__WORK TASK__: Each line of the listing below that includes "Circle" should be reported.

+ + + +

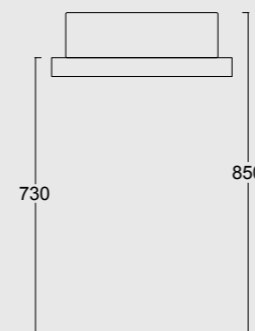

Cod. 31140101

Lavabo Hide Circle
Hide washbasin Circle
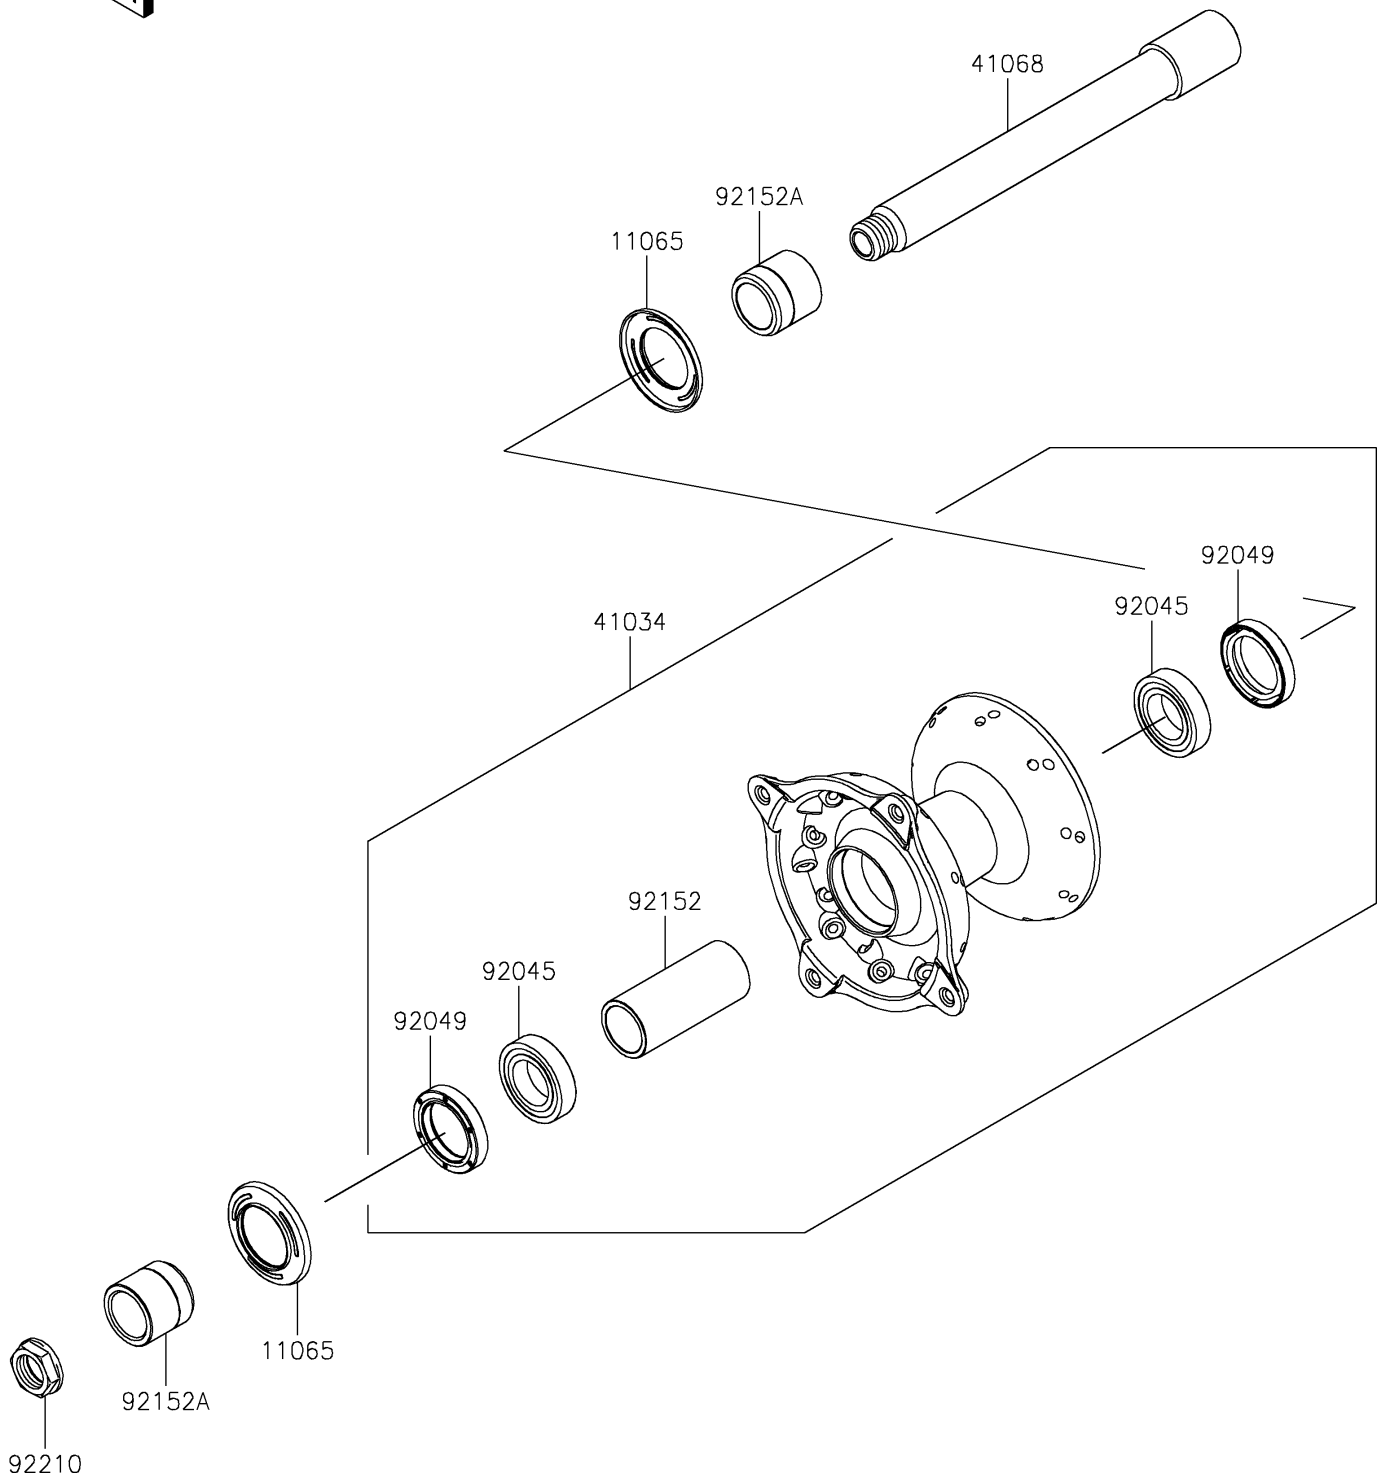

2024 KX™ 450

PARTS DIAGRAM

Front Hub

F2230

2024 KX™ 450

PARTS LIST

Front Hub

ITEM NAME

PART NUMBER

QUANTITY

+ + + +

__SOLUTION TO THE PROBLEM__:
Lavabo Hide Circle
Hide washbasin Circle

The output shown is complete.